Even this thread has made me cry. Mine are:
Someday by Alison McGhee. Just a beautiful story about loving a daughter, and her hopes for that daughter's future (but things like 'someday you will dive into the clear, cool water of a lake' rather than aspirational stuff) and then at the end it talks about how when her daughter is old... 'You'll think of me, love' (fuck it I'm off again!)
Wherever you are, my love will find you. Just a beautiful love poem to a child saying that they're never alone. 'You are my dearest, my darling, my star. And my love will find you wherever you are'.
The invisible string. This is a mum explaining that we're all connected to the people we love with an invisible string. When you feel a tug on your heart it's because you're missing them and it's making a tug on the string from your heart to theirs. It can go all around the world, even up to heaven and it never breaks no matter what.
Plus loads of others mentioned on this thread - paper dolls, stickman, Michael Rosen's sad book (that one is so painful).

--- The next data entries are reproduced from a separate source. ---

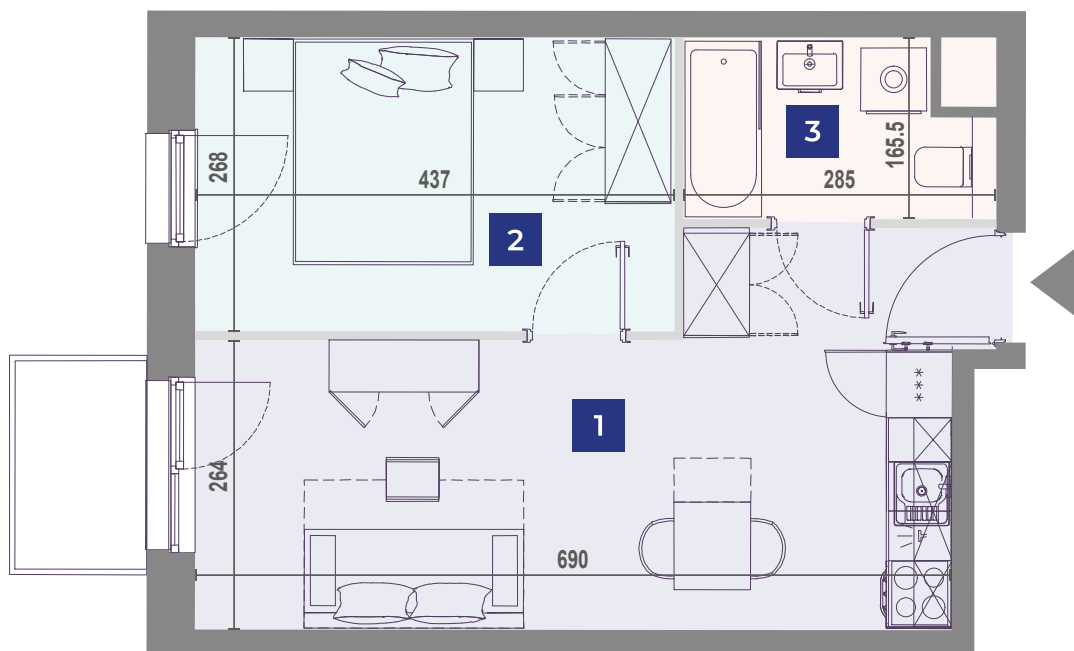

Ulica	Adres	Klatka	Pokoje	Piętro	Powierzchnia
Horbaczewskiego	16/736	C	2	7	36,73m ²

Horbaczewskiego 16 Wrocław

UL. HORBACZEWSKIEGO

- | | | |
|----------|-------------------------|---------------------|
| 1 | Pokój dzienny z aneksem | 21,15m ² |
| 2 | Sypialnia | 11,61m ² |
| 3 | Łazienka | 3,97m ² |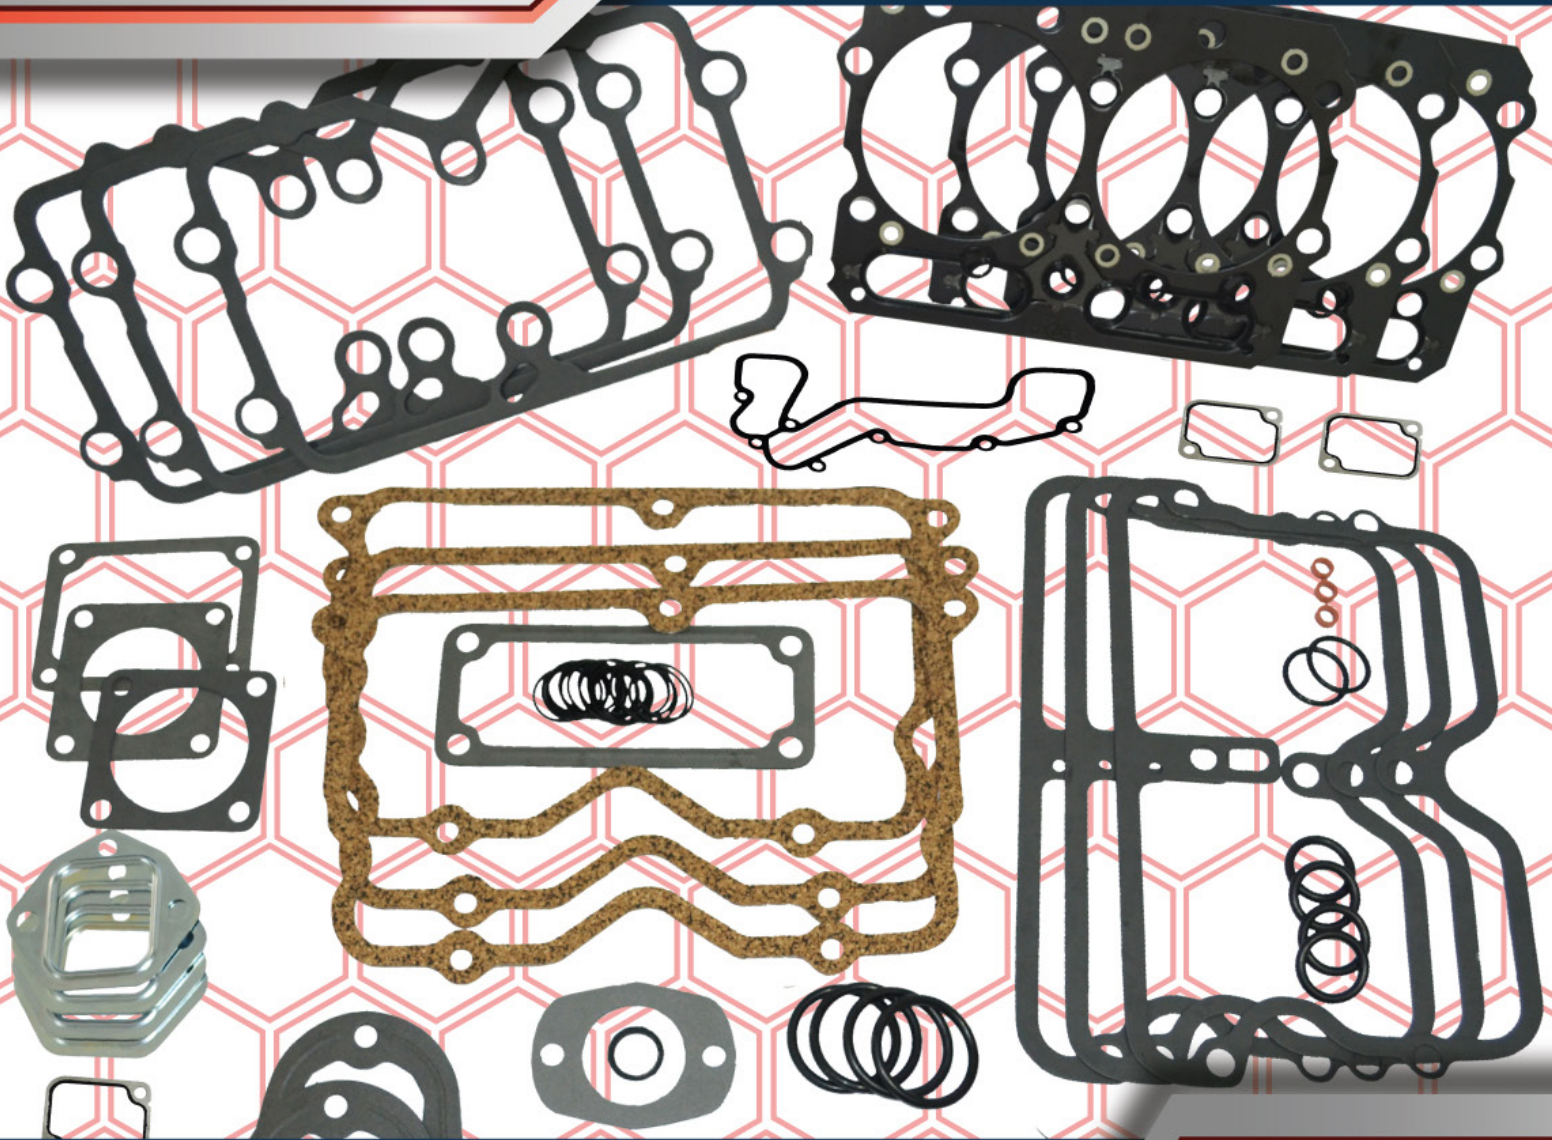

CATÁLOGO DIESEL

DIFERENCIALES

DIFERENCIALES

VARIOS DIESEL..... 131

DF-001 Dina Serie 500-531

DF-002 Dina Serie 600-3-631

DF-012 Delantero K-4861

DF-013 Trasero SHD K-487

DF-001

JUNTAS DIFERENCIAL DINA SERIE 500-531 88218-09

DF-002

JUNTAS DIFERENCIAL DINA SERIE 600-631 245218-09

DF-012

DINA JUEGO DE JUNTAS DIFERENCIAL DELANTERO SHD K-4861

DF-013

DINA JUEGO DE JUNTAS DIFERENCIAL TRASERO SHR K-487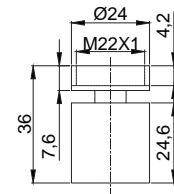

13671131 Mafsallı Çıkış Ucu

Koli Adedi : 100

- İç dişli bağlantılı M22x1
- Dış dişli mutfak, lavabo batarya çıkış boruları için uygundur.
- Neoperl, Alman Malı
- 360 Dönerli mafsalı ile istenilen yöne yönlendirilebilen yumuşak akış sağlar.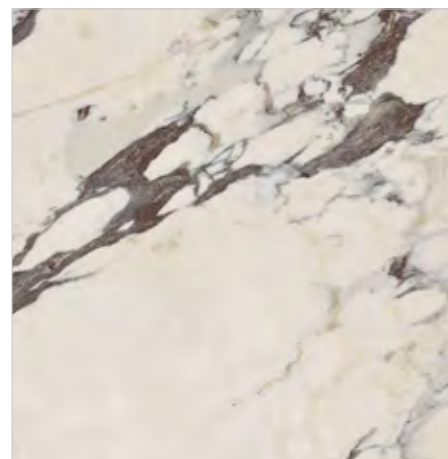

• M4GR GOLDEN WHITE LUX 60×60 69,90 €/m<sup>2</sup>

• M4GM GOLDEN WHITE LUX 60×120 78,90 €/m<sup>2</sup>

• MMGE SAINT LAURENT LUX 60×60 69,90 €/m<sup>2</sup>

• MMCQ SAINT LAURENT LUX 60×120 78,90 €/m<sup>2</sup>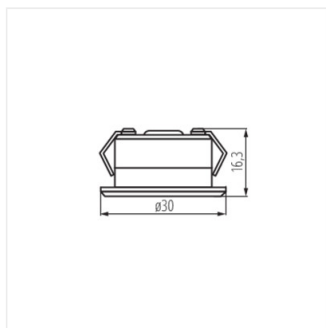

IMBER LED NW

IMBER LED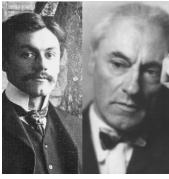

GALERIE MARCILHAC

XXth CENTURY DECORATIVE ARTS
PARIS

SÜE & MARE (Louis SÜE (1875-1968) & André MARE (1885-1932))

1875-1968 . 1885-1932

Louis Süe 1902 Nabis Paul Huillard "L'Atelier Français" 1918 André Mare " " 1928 Maillol Despiou Dufresne Vera Marino 1921 Louis Süe " " 1925 Saint-Cloud Jacques Adnet

And I sobbed at The Boy in the Striped Pyjamas. Also Maus by Art Spiegelman (but these were painful, horrified sobs not painful beautiful sobs like some of the other books).
By the way, in case 'Love You Forever' by Robert Munsch didn't make you cry enough already - did you know that he wrote that four line verse (I'll love you forever, I'll like you for always, as long as I'm living my baby you'll be) after both his first and second babies were stillborn? His wife wasn't able to conceive after that and they adopted children but the story came much later than those painful lines.